While recognising that international law, the UNCLOS in particular, lays out certain obligations for states to cooperate, Dr Do states that with the broader region (East Asia and Indo-Pacific) in mind, ASEAN should push for a regional cooperation on fish stock and environment. He notes that ASEAN has the potential to be a bridge builder, as evident in its Conference on Environmental Protection in the East Asian Seas (CEPEAS), which involves stakeholders such as governments, relevant international organisations, businesses, fishermen, oceanographers and environmentalists. Lastly, he commented that there is a need for better use of resources, such as by consolidating existing mechanisms.

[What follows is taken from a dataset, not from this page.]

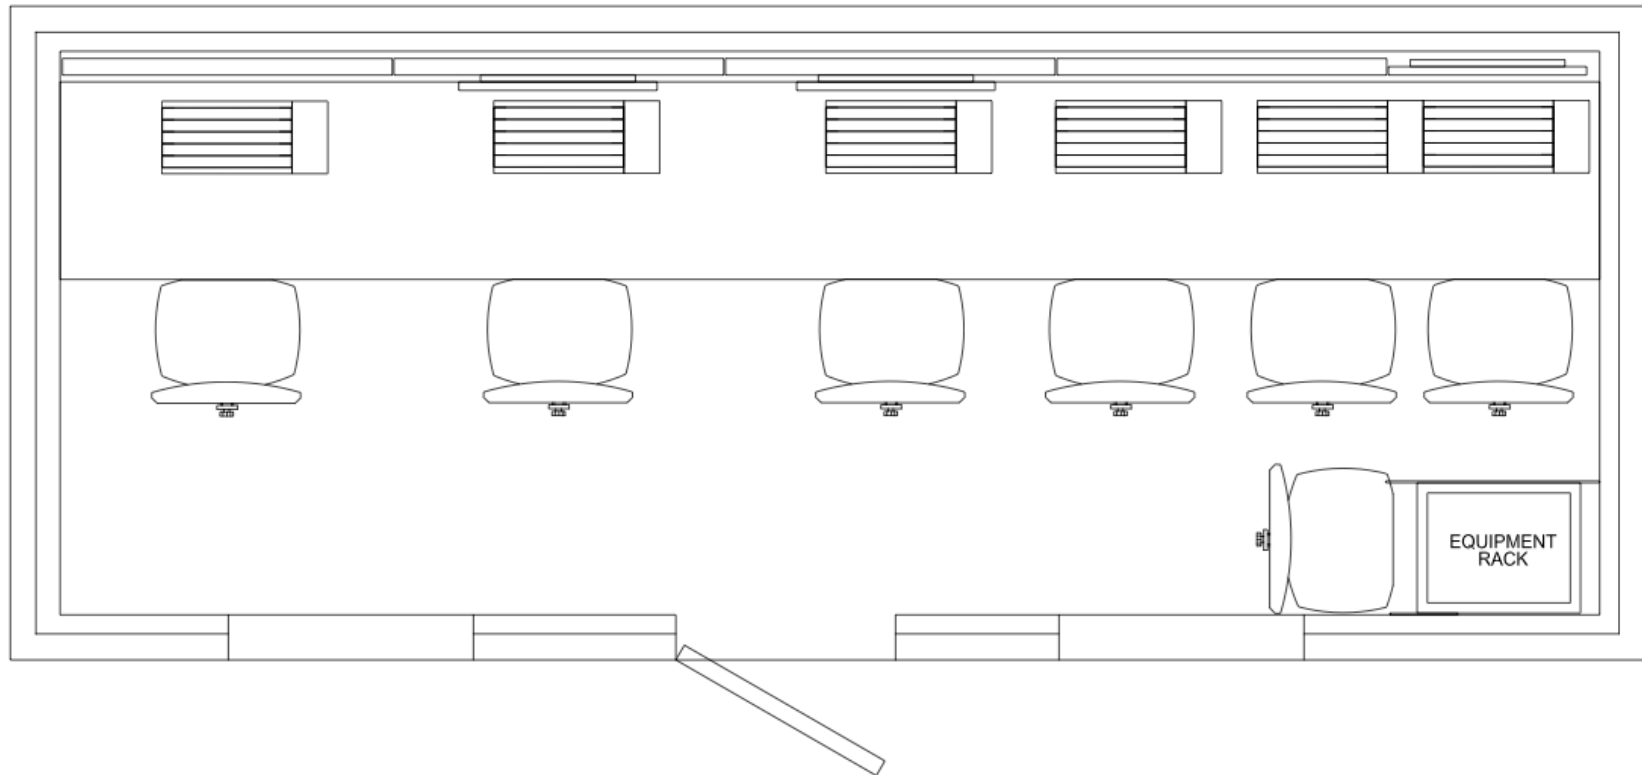

## Cloud-C1 Layout

Length: 20' Height: 8' 6" Width: 8'

In his closing remarks, Mr Henning Glaser brings up several learning points and insights to summarise the seminar. First, there is a need for a perspective of change. Second, issues should not merely be looked at through the ASEAN lens, but also from the perspective of regional and security issues, for instance, in the case of the Mekong River, the grave magnitude of issues surrounding the Mekong River is evident from the looming possibility of starvation of more than 200 million people who depend on it for food. Third, the code of conduct is not the law, rather, it is set within the context of countries that are powerful, rising and denying other countries’ access and freedom of navigation. These issues are not merely satisfied with the code of conduct because at best, it is merely to exclude certain powers to ensure that Southeast Asian powers are dominant. Fourth, the Rohingya issue is going to be a serious problem in the future – in camps, there are already profound structures related to serious terrorism threats. These issues are exacerbated as stakeholders in ASEAN have different approaches to the Rohingya issue. Fifth, Mr Glaser stresses that these issues are set in the context of domestic and geopolitical dynamics. In particular, relating to domestic politics, the outcome of elections have profound consequences on what ASEAN means in the future and how these governments will relate to each other and to the big powers in the world. To this end, he reiterates that Southeast Asia is very much connected and dependent on not only South Asia but also East Asia. To conclude, Mr Glaser states that fear drives people to look for something that gives them security, and ASEAN is this possibility. Where governments of ASEAN member states are afraid to go too far or find themselves on a track that progresses too quickly for them, those governments might find in ASEAN the chance to slow down and avoid decisions (in situations where decisions have to be made in power rivalries).